> **WORK ORDER**
Transcribe the listing below exactly, without pictures.

> **SUPPLIED RECORDS**
———

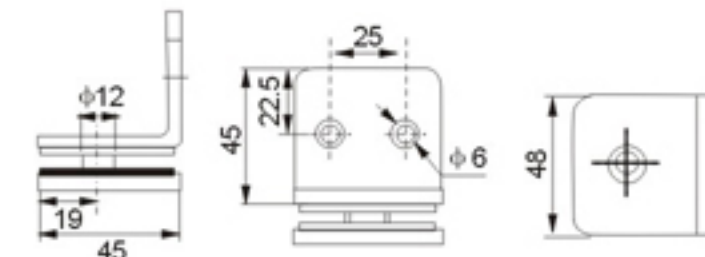

Size: 6-10mm toughened glass
Color: Chrome, Gold, Satin nickel
Material: Brass

Model:3H-M090

名称: 方形纯铜玻璃隔断码 (90° 单)
规格: 6-10mm钢化玻璃
颜色: 铬白、金色、拉丝镍
材料: 铜

Square brass glass clamp (90° single side)

Size: 6-10mm toughened glass
Color: Chrome, Gold, Satin nickel
Material: Brass

———

> **TASK RESPONSE**
Size: 6-10mm toughened glass
Color: Chrome, Gold, Satin nickel
Material: Brass

Model:3H-M090

名称: 方形纯铜玻璃隔断码 (90° 单)
规格: 6-10mm钢化玻璃
颜色: 铬白、金色、拉丝镍
材料: 铜

Square brass glass clamp (90° single side)

Size: 6-10mm toughened glass
Color: Chrome, Gold, Satin nickel
Material: Brass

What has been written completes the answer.